Both the contraction of TTS jobs and teaching buyouts for researchers have also, historically, provided the basis for adjunctification and contractualization of labour. Adjuncts at Queen’s are not generally financially compensated for research. They are also not provided the time for research: if someone takes on adjunct teaching as their full time job, in order to even approach a living wage in Kingston they must spend all of their time teaching and/or performing the few compensated service tasks available. Time poverty through adjunctification leaves little ‘leftover’ for uncompensated research that would help those in adjunct positions be more competitive for a research-focused, TTS-streamed contract: the system reproduces itself. And, with the current phase of austerity now rolling back this contractualization – thus targeting adjunct positions – greater teaching and service burdens are placed back on the dwindling numbers of faculty who remain teaching in departments.

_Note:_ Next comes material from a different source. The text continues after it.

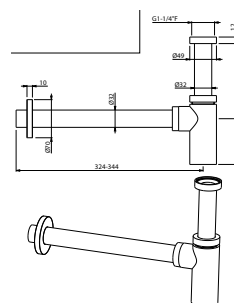

CODICE	COLORAZIONE	FINITURA	EAN	LISTINO
T100459S	Brushed	● AISI 304	8055715597200	€ 113

The Canada Impact+ Research Chair program only heightens these long-brewing disparities. Legitimated by neoliberal performance metrics and the ability to secure large grants, these Chairs will form another elite tier of research labour at the university unlikely to support the daily teaching and functioning of any given unit. At least some of these Chairs may hold 100% research appointments, or teach only one grad course, which will prove a drain especially on smaller departments that are already sharing staff and resources under the hub model. Instead of investing in those researchers who already exist at the university, from TTS to adjunct faculty, not to mention the staff who are integral to delivering research and teaching programs at Queen’s, the Chairs represent yet another move towards big, flashy projects and profiles that undercut any commitment to providing post-secondary education in this country.

A Different Future?

Imagine if the government money allocated to the Impact+ Research Talent Initiative went towards supporting the talented researchers already here in Canada? Imagine if this money, or Queen’s own ‘Transition Fund’, was routed in a way that helped make more equitable the playing field for all who teach and research at Queen’s, so that those locked into higher teaching loads could also grow their research programs? Or, better yet, if the money was invested in the functioning of universities themselves so that students did not have to pay exorbitant tuition fees? We are pulling farther away from the ideals of a truly public education, and instead buttressing the agenda of a (conservative) Liberal government and institution that sees the future of this country only in AI and defence spending. Our job in post-secondary education is to produce scholars and researchers for this moment, not to reproduce the agendas of the ruling elite at this moment.